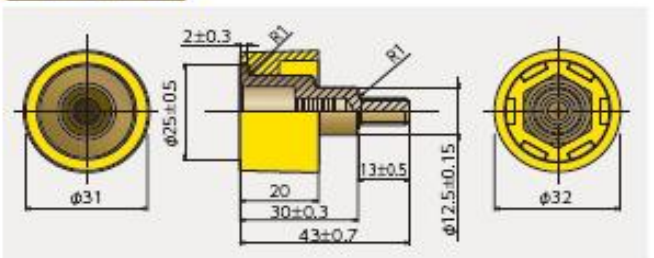

※回収時に樹脂の傷、欠け、ひび割れがないか点検してください。また、使用時にも損傷状態を点検してください。大きな傷やひび割れがあるボルトは破棄してください。

「20mm足りない…。」「急な設計変更が…。」  
こんなとき、  
Pコンにねじ込んで簡単20mm延長!!

20丸

プラス20丸

本商品についてのお問合せ・ご用命は下記までお願いします。

〒571-0038 大阪府門真市柳田町17番7号

 三洋金属工業株式会社

__Exercise details__
All of the entries above should be copied exactly, with the images left out.

__Solved exercise__
※回収時に樹脂の傷、欠け、ひび割れがないか点検してください。また、使用時にも損傷状態を点検してください。大きな傷やひび割れがあるボルトは破棄してください。

「20mm足りない…。」「急な設計変更が…。」  
こんなとき、  
Pコンにねじ込んで簡単20mm延長!!

20丸

プラス20丸

本商品についてのお問合せ・ご用命は下記までお願いします。

〒571-0038 大阪府門真市柳田町17番7号

 三洋金属工業株式会社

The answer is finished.